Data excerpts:
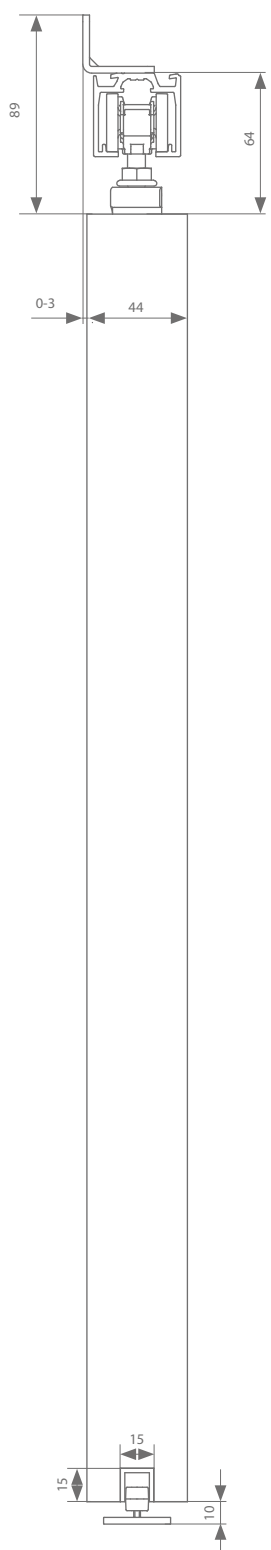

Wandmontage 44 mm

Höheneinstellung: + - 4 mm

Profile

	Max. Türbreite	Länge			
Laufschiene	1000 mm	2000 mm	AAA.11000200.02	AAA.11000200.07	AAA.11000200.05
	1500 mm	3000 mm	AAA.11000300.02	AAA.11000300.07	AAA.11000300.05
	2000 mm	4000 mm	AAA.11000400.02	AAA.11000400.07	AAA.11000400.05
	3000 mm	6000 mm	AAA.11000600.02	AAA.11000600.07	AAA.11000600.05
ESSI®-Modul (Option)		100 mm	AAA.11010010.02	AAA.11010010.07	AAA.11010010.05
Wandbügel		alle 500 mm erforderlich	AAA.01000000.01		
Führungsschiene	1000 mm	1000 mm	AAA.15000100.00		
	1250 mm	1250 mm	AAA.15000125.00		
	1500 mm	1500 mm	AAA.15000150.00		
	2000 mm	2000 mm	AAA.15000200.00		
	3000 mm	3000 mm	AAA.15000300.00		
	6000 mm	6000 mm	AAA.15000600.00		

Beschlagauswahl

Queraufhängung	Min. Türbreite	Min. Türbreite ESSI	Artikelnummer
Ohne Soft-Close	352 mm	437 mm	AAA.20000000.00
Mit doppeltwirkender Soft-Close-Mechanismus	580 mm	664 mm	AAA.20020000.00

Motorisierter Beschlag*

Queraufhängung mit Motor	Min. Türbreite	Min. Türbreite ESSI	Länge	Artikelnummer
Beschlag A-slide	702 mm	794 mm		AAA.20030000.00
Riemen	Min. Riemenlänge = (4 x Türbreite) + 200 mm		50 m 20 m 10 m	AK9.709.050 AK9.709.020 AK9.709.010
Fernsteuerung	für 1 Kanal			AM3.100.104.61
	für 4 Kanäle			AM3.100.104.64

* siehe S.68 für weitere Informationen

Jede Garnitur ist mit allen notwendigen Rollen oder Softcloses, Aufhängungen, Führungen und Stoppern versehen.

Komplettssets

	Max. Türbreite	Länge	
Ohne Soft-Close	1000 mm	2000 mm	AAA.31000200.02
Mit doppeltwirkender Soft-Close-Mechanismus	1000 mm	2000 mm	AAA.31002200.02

--

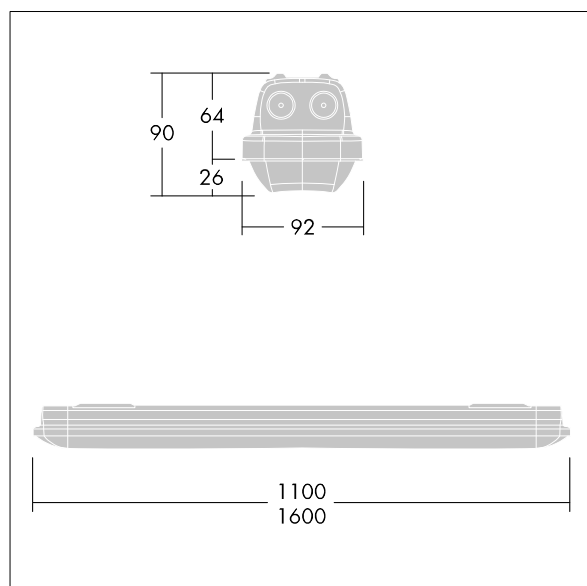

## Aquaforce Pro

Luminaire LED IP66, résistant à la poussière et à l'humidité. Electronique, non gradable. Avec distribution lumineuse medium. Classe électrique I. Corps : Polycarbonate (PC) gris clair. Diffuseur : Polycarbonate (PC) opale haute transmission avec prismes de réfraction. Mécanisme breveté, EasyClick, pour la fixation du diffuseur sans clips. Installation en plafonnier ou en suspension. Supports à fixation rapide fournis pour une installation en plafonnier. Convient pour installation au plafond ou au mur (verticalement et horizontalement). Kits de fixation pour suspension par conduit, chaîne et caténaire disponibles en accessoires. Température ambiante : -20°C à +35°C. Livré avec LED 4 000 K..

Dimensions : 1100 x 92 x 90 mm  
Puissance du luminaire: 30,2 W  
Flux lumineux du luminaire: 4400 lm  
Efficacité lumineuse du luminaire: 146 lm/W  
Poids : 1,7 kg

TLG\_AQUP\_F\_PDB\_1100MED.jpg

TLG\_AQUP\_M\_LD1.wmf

- Aim of the exercise: Given the data above, which lines hold the string "ESSI"? Return them.

- Exercise output:
ESSI®-Modul (Option)		100 mm	AAA.11010010.02	AAA.11010010.07	AAA.11010010.05
Queraufhängung	Min. Türbreite	Min. Türbreite ESSI	Artikelnummer
Queraufhängung mit Motor	Min. Türbreite	Min. Türbreite ESSI	Länge	Artikelnummer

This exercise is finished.